Dr. Michael Brown's research program with this award will provide a unique window into the time-variable structure and dynamics of the poorly understood atmosphere of Titan. This window will come at a critical time, when imminent arrival of the Cassini spacecraft will soon focus intense scientific scrutiny on the satellite. The projects take advantage of the Dr. Brown's recent detection of small clouds near the south pole of Titan and of two unique observational capabilities available to Dr. Brown to vastly expand our currently minuscule knowledge of clouds and weather on Titan. The first unique capability will be the ability to provide the first ever daily monitoring of global-averaged cloud formation and dissipation on Titan using a proven method on a new dedicated robotic observatory run by Dr. Brown. The robotic observatory will be able to detect the existence of even relatively small clouds on Titan on an ~hourly basis throughout the observing season. With five total years of observations acquired by the end of the award period, fundamental questions about cloud activity will be able to be addressed for the first time, such as: What are the timescales for formation and dissipation of clouds of the smallest to the largest sizes seen? Is the current period of frequent cloudiness related to the recent southern summer solstice? Are clouds preferentially present at particular Titan longitudes?
The second unique capability will be the ability to obtain high spatial-resolution adaptive optics images and spectra frequently throughout each observing season using a newly implemented target-of-opportunity interrupt mode at the Keck and Palomar observatories. Rather than obtaining infrequent observations at pre-determined times, as would be typical with standard astronomical scheduling, the target-of-opportunity interrupt mode allows observations to be obtained at times dictated by the cloud activity level on Titan (which we will know from the robotic monitoring) and allows for a large number of short blocks of time. With these frequent targeted observations, a full range of cloud conditions on Titan will be able to be observed that would otherwise take many years of continuous pre-scheduled observations to obtain. These data will allow the first ever understanding of the latitude of cloud formation and dissipation, seasonal changes in these latitudes, wind speeds on Titan, the growth and decay lifetimes of individual clouds, and the dynamics of infrequent hurricane-scale storms.
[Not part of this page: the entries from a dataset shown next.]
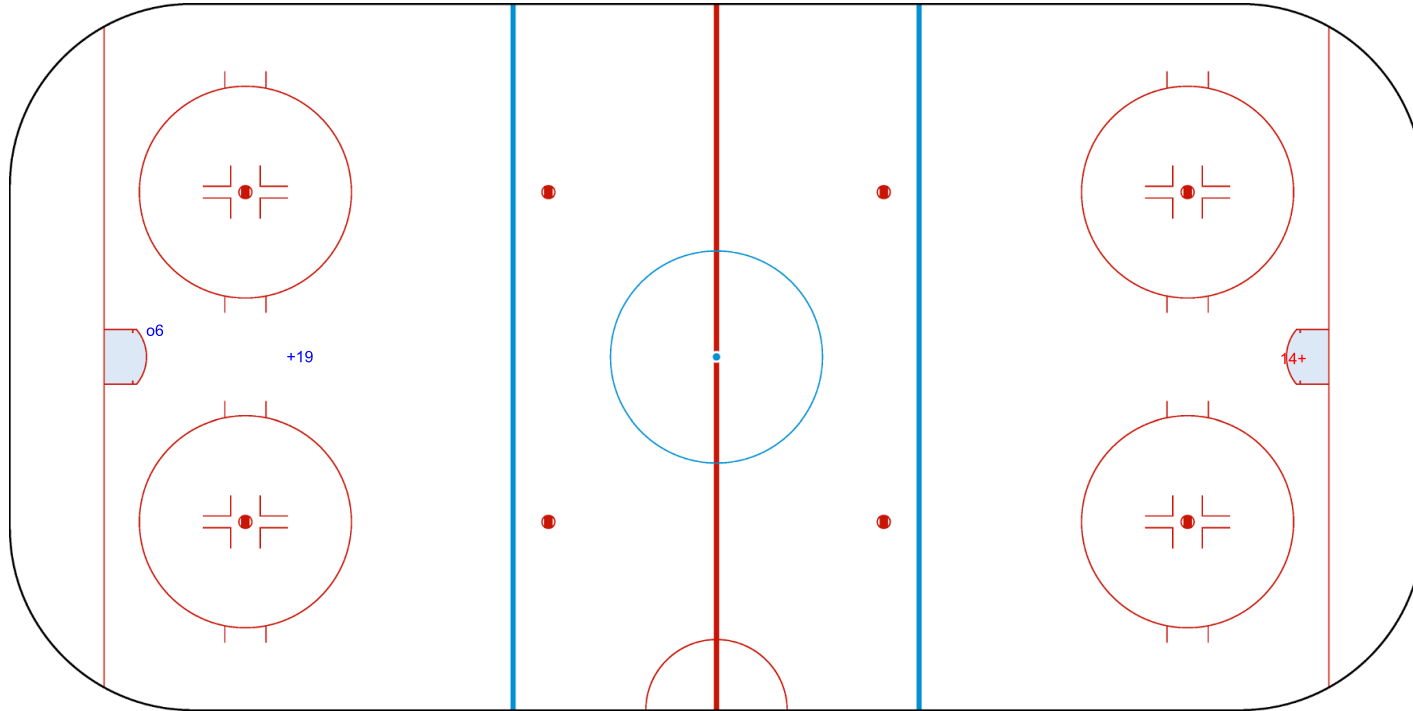

Shots by NED

Goals (o): 1   SSG (+): 1
SSP (<): 0   SPG (-): 0

GK 20 of CRO

Overtime

Shots by CRO

Goals (o): 0   SSG (+): 1
SSP (>): 0   SPG (-): 0

GK 1 of NED

Legend:		
GK	Goalkeeper	
SPG	Shots past goal	
SSG	Shots saved by goalkeeper	
SSP	Shots saved by player

Together these projects will provide the first long term quantitative data on the formation, evolution, and dissipation of the poorly understood clouds on Titan.
These activities will have a major impact on the education and training of all of the students and post-doctoral scholars involved. In particular, this project will form the basis of the Ph.D. thesis of a Caltech graduate student. Dr. Brown has a strong commitment to the education and training of women and underrepresented minorities, as is demonstrated by the students currently in his research group. A major aspect of the proposed work will be commissioning and gaining experience using a robotic telescope soon to be installed at Palomar Observatory. Once commissioned, this telescope will be available for all of the research and teaching activities of Dr. Brown, including, in particular, undergraduate students joining the group for the summer through Caltech's Summer Undergraduate Research Foundation (SURF) program. Moreover, Dr. Brown is working with Scitech, the manufacturer of the robotic telescope, to help define and refine priorities for astronomical usage of automated telescopes in the hopes that astronomers will finally be able to have access to off-the-shelf turnkey robotic telescope facilities for a wide variety of usages. ***